▶ Work to be completed
Copy out, from the entries below, each line holding the string "Terminal".

▶ Records to process
_ _ _ _ _ _ _
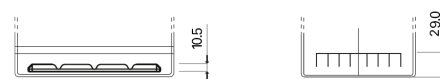

Vision d'ensemble de la Batterie

Batterie pour votre voiture

Power DB704

Reference	DB704
Technology	Flooded
EAN/GTIN	3661024024433
Tension	12 V
Capacité	70.0 Ah
CCA	540 A
Longueur	270 mm
Largeur	173 mm
Hauteur	222 mm
Dimensions boitier	D26
Polarité	ETN 0
Type de borne	EN taper post
Fixation	Korean B1+B6
Poid (sujet à variation)	16.10 kg

Polarité

Type de borne

Positive Terminal

Negative Terminal

Fixation

La conception, les caractéristiques et les spécifications peuvent être modifiées sans préavis. Nous déclinons toute représentation ou garantie, expresse ou implicite, concernant les données ou les recommandations, et ne serons en aucun cas responsables de toute perte ou dommage prétendument survenu en conséquence. Certains produits peuvent ne pas être disponibles sur votre marché local.
_ _ _ _ _ _ _
▶ Exercise response
Positive Terminal
Negative Terminal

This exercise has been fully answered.